Villanos de Videojuegos


ANDREW RYAN





VISTO EN: Saga Bioshock.

Visionario. Filántropo. Tirano. ¿Demente? Andrew Ryan, nuestro antagonista durante la mayor parte de Bioshock, es posiblemente uno de los villanos más carismáticos y que ha suscitado mayores elucubraciones de los últimos tiempos. Su diseño, creación y posterior evolución hasta lo que conocimos en el juego final, tienen esa textura de las cosas hechas con precisión y saber hacer. No en vano es un personaje no protagonista que ha recibido muchísimo más pensamiento y tiene connotaciones mucho más profundas que la mayor parte de los personajes principales de cualquier otro juego.

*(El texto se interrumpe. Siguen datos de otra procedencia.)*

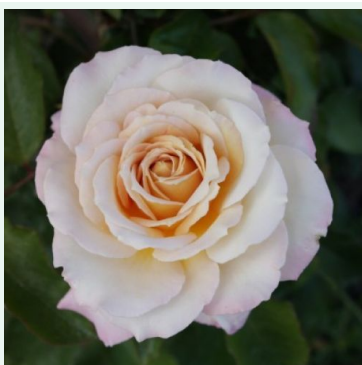

Climbing and Rambling Roses

Crème de la crème

cream-white - climber, climbing rose
7.9-13.1ft (240-400 cm)
strong, noticeably scented rose - sweet-scented
Douglas L. Gandy

En parte por el cuidado que se puso en todo el diseño y escritura de Bioshock, y en parte por las aficiones de su creador Ken Levine (del estudio 2K Boston), Andrew Ryan es un personaje no solo creíble, sino reconocible en seres de carne y hueso. La estética años 40 de Bioshock pedía a gritos un villano alejado del estereotipo. Pero el propio desarrollo de la historia y el trasfondo de esta perturbadora historia propició que un villano basado en hombres de negocios, filántropos y filósofos de mediados de la primera mitad del siglo pasado se transforme en un estereotipado megalómano y estridente dictador atrapado en su propia jaula de oro: la ciudad submarina de Rapture, altar al objetivismo moral, al capitalismo desenfrenado y a la mayor gloria del hombre por encima de dioses y gobiernos.

Según Levine, obsesionado con La fuga de Logan y los escritos de Huxley, Orwell y la escritora de origen ruso Ayn Rand (en cuya figura se basa casi por completo Ryan), la idea de un villano de marcado carácter filosófico, incluso político-social encajaba a la perfección en el mundo submarino y utópico que estaban creando para Bioshock. No fueron conscientes del tamaño que estaba adquiriendo su criatura hasta el (para algunos) anticlimático encuentro entre Andrew y Jack (el protagonista del juego), donde toda la carga filosófica del personaje se une a una personalidad viva, cercana y llena (como todos nosotros) de miedos y defectos. No obstante, si tenemos en cuenta las profundas creencias a las que se agarra incluso en los últimos momentos de su mayor obra, con Rapture arrasado por la guerra civil y a punto de ser destruida; Andrew Ryan es desde luego un personaje de convicciones. Eligiendo morir como vivió, en sus propios términos, para demostrar la diferencia entre “el hombre que elige y el esclavo que obedece”, Ryan se muestra en sus últimos momentos fiel a los ideales que marcaron su vida, incluso mientras los retorcía y traicionaba para mantener vivo el paraíso que lo estaba condenando a muerte.